Have you ever listened to a song and felt or remembered what your life was like the very first time you heard it? This happened to me today when I hit shuffle on a playlist. The song "Set The World On Fire" was blasting through my earbuds. As soon as the first note hit, I had chills. Nearly a decade ago my second grade teacher, Mrs. Wories, introduced this song to me. I remember how awestruck I felt listening to it at the kitchen table, eating an after school snack. Mrs. Wories had emailed my mom this song because it made her think of me and she thought I would enjoy it. Of course I felt honored that my teacher thought of me out of all of her students. It wasn't until years later I realized how truly powerful that song is.
If you haven't heard this song, press play and listen to the lyrics.
Middle School Days:
In eight grade I had Spanish class first period. Since I went to a Christian school, Señora assigned each student a devotional to open class with. I was one of the last students to lead that quarter and I was incredibly nervous. It was one week out and I still had no idea what I was going to say. We had the option to sing a song- which, if you've heard me sing, yikes. That wasn't an option. We could also play a video, write a story or read our favorite Bible verses. One night I stayed up way too late searching the internet for the perfect devotional. What seemed like centuries later, I ended up on YouTube. I found a video of a young girl singing this song and I was shocked, moved and inspired all at once. This song is already powerful. I could not believe that a little girl stood up and sang this (and sang it well!) to her church. She was passionate and I could feel her desire to live out the meaning of the song, as she sang each lyric. At six years old her love for Jesus was showing. Most adults don't have as much courage to sing infant of others, let alone let everyone know that they are willing for Him to use them to make a differnce.

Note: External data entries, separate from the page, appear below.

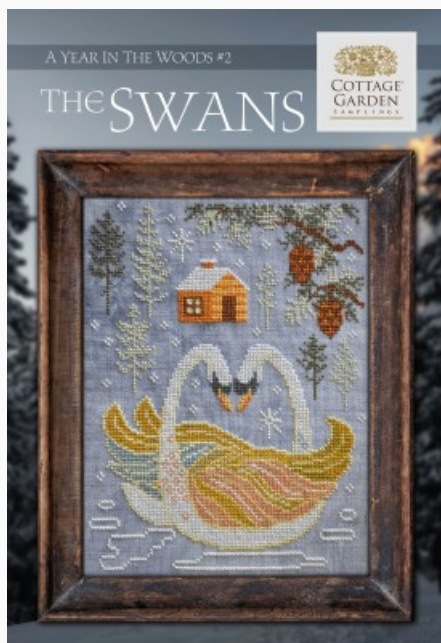

Schemi Punto Croce

Year In The Woods 2 - The Swans

da: Cottage Garden Samplings

Modello: SCHHOF22-1007

Year In The Woods 2 - The Swans

Punti: 100w x 130h

Prezzo: € 11.23 (incl. IVA)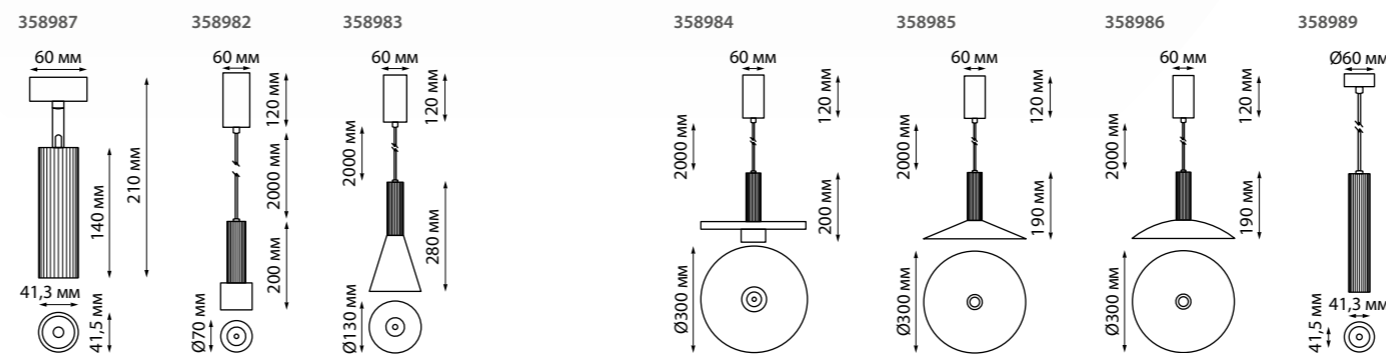

358987
IP 20
Светильник накладной светодиодный
Алюминий
15 Вт 220 В
1200 Лм 4000 К
Цвет LED белый
Угол поворота 355°/90°
Угол рассеивания 24°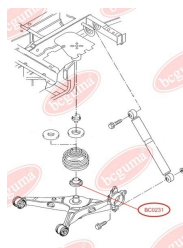

ЗАСТОСУВАННЯ:

VW

BC0231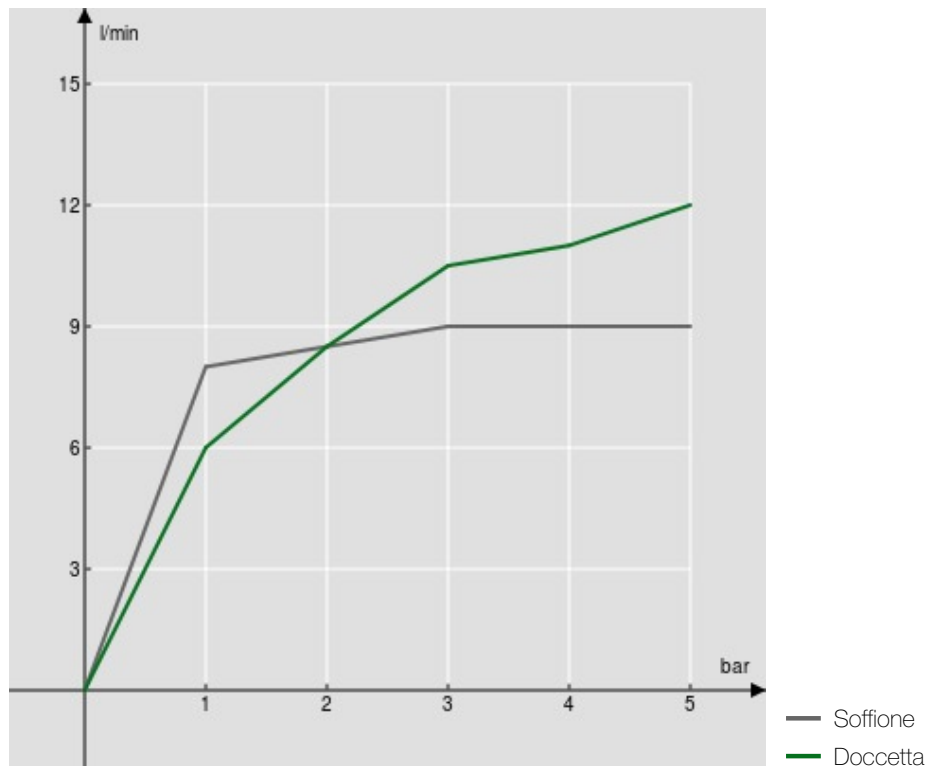

SPECIFICHE

Termostatico esterno
Chrome
Blocco di sicurezza 38° C
Valvoline antiritorno
Soffione a snodo ø 300 mm spessore 2 mm
Sistema anticalcare
Supporto doccetta scorrevole e orientabile
Doccetta a 3 getti e flessibile 150 cm
Compatibile con mensola AV00141/5

Filtri di ricambio cartuccia inclusi nella confezione

CERTIFICAZIONI

DIAGRAMMA DI PORTATA: ACQUA CALDA/FREDDA

DIAGRAMMA DI PORTATA: ACQUA MISCELATA

"Set The World On Fire" seems to pop up when I need it the most. My sophomore year of high school I wanted to do something more with my life. I wanted to make a change, I just didn't know how. It wasn't until the end of the school year that I joined the student lead organization called "Food Fight", which aids in the eradication of world hunger. Being a part of Food Fight was amazing. I felt like I was making a difference and serving the Lord. It was the thing I was missing in my life. My junior/ senior year, I was a team leader at my school. It was incredibly stressful trying to pass it with the administration and there were so may days I came home from school and cried. I was frustrated with people not wanting to get involved and make a difference. There were days I wanted to quit and one afternoon I almost did. I had this speech crafted and I was ready to resign. Then, I heard this song. I ran over to my laptop to quickly turn it up. I forgot about this song and it hit home. I related to a verse that I didn't have as strong of a connection with before. Singing the words made me burst into tears. I'm talking full on ugly crying. There was mascara running down my face and it was not pretty.
I realized that this mission goes above and beyond me. I'm in Food Fight acting as someone else's voice. If I was tired and frustrated from having to fight for someone to receive food, I tried to imagine how that person starving to death must feel.

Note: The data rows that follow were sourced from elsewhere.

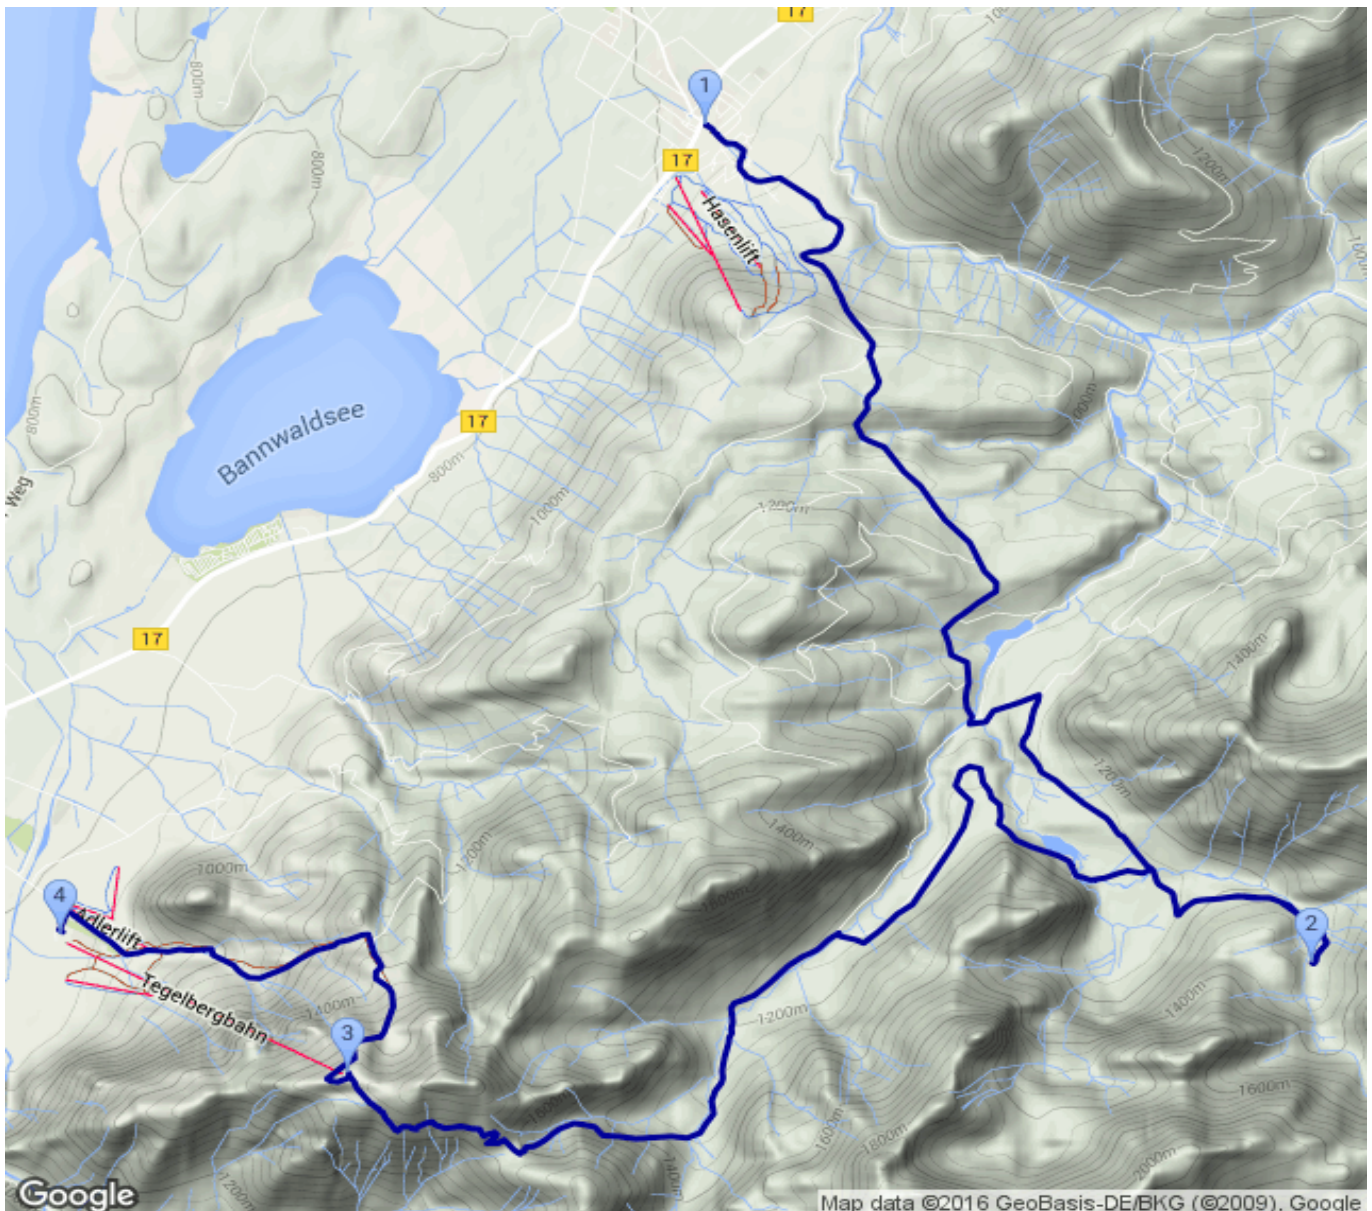

# Buching - Kenzenhütte - ... - Talstation Tegelbergbahn

Kategorie: **Wandern**

Gehzeit: **10:25 Stunden**

Schwierigkeit:

Aufstieg: **1416 Hm**

Länge: **23.09 km**

Abstieg: **1405 Hm**

noch nicht geplant

POIs in der Route:

1. Buching 820 m
2. Kenzenhütte 1294 m
3. Tegelberghaus 1707 m
4. Tegelbergbahn Talstation 819 m

Höhenprofil

Google

Map data ©2016 GeoBasis-DE/BKG (©2009), Google

In December this song appeared again. I was debating if I should start Operation Beautiful Nation. I was afraid that people were going to think my idea was lame or childish. I had my mind up that I was not going to run with it and I was going to try and do something else. What that would be, I had no idea. Oh boy am I glad I changed my mind. OBN has impacted my life in ways I didn't think it could and has connected me with so many lovely people across the globe. These lyrics have always stood out to me. Particularly when I was trying to decide what to do. Britt sings:
For months I was praying, asking God to use me to impact others and show His love. My dream is to help eliminate social injustice and I wouldn't have been able to take part in this if I didn't step outside of my comfort zone and believe in myself.

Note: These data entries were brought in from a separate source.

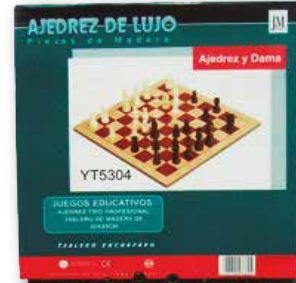

AJEDRÉZ Y DAMAS

Ajedrés y damas material madera natural, compuesto por piezas de madera. Tablero mide 30 x 30 cm. Presentación en caja de cartón con medidas 32 X 32 X 6 CM.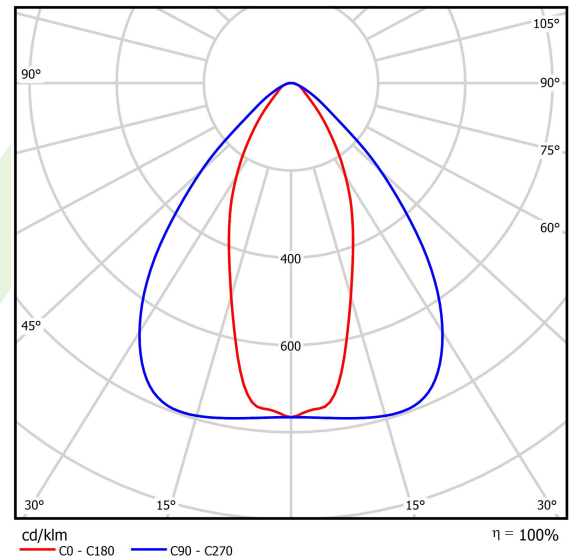

Produkt: AGALINE LED 3R 21600 OPTICS-2 E 34 IP65 840 / L-1860MM

Index: 19.4200.4221.34

Beschreibung

Innenbeleuchtung. Montageart: an Aufhängebügeln. Gehäuse aus Stahlblech. Farbe - RAL 9016 (weiß). Abmessungen: 1860 x 95 x 68 mm. Abdeckung: OPTICS (Linsen). Der Wirkungsgrad des optischen Systems ist 99,98%. Abstrahlwinkel: (C0-C180) / (C90-C270) - 43,6° / 83,2°. Lichtquelle: LED. Farbtemperatur 4000 K. SDCM=3. CRI>80. Lebensdauer: 90000 h L80B10. Leuchtenlichtstrom: 22811,4 lm. Gesamtleistungsaufnahme: 145,2 W. Leuchten Lichtausbeute: 157,1 lm/W. Vorschaltgerät: Ein/Aus (E). Netzspannung 220..240 V, 50..60 Hz. Leistungsfaktor cosφ: >0,95. Belastbarkeit der Schaltung: 14 (B10), 22 (B16), 14 (C10), 22 (C16). Umgebungstemperatur: -25 ÷ 35° C. Schutzart: IP65. Stoßfestigkeitsgrad: IK04. Schutzklasse: I. Photobiologische Risikoklasse (IEC/EN 62471): RG0.

Produktmerkmale

Kategorie	Industrieleuchten
Familie	AGALINE LED 3R
Type	AGALINE LED 3R 21600 OPTICS-2 E 34 IP65 840 / L-1860MM
Index	19.4200.4221.34
EAN	5902107297923

Technische Daten

Lichtquelle	LED
LED-Lichtstrom [lm]	24012
LED-Leistung [W]	129,6
Leuchtenlichtstrom [lm]	22811,4
Gesamtleistungsaufnahme [W]	145,2
Leuchten Lichtausbeute [lm/W]	157,1
Farbtemperatur [K]	4000
CRI	>80
SDCM (LED-Quellen)	3
Abstrahlwinkel [°]	(C0-C180) / (C90-C270) - 43,6° / 83,2°
Photobiologische Risikoklasse (IEC/EN 62471)	RG0
Schutzklasse	I
Schutzart	IP65
Netzspannung	220..240 V, 50..60 Hz
Lebensdauer [h]	90000
Lx/By	L80B10
Umgebungstemperatur [°C]	-25 ÷ 35
Betriebsgerät	Ein/Aus (E)
Leistungsfaktor cos φ	>0,95
Belastbarkeit der Schaltung	14 (B10), 22 (B16), 14 (C10), 22 (C16)

Technische Daten

Montageart	an Aufhängebügeln
Leuchtenkörper	Stahlblech
Leuchtenfarbe	RAL 9016 (weiß)
Abdeckung	OPTICS (Linsen)
Stoßfestigkeitsgrad	IK04
Abmessungen [mm]	1860 x 95 x 68

Lichtverteilung

Zubehör

Believing is all I needed. Having my faith and believing in God inspired me to make a difference and to help others. Mrs. Wories believed in me when she sent me that video. She saw that I was capable of creating change (even at a young age!) and I have the power to eliminate world hunger, to impact a stranger's life and for the Lord to use me. All it took was one person seeing something in me to continuously impact my life almost a decade later. Thank you Mrs. Wories for that email all those years ago. Although I have outgrown my lisp and awkward bangs, I have not outgrown this song and I don't think I ever will.
This Week's Challenge:
I ask this: who or what do you believe in? Make it known. Show someone you believe in them. Mail them a card they can keep forever. Send someone a song, Bible verse, a quote, comment on their Instagram photo, etc. Sometimes all we need is for someone to show us a little love. Who knows what your encouragement and faith in that person will lead them to do. Invest in others and pour love into them. Take that thing you care about with all of your heart, and pursue it. You have the power to make a difference and only you can stop yourself from doing so.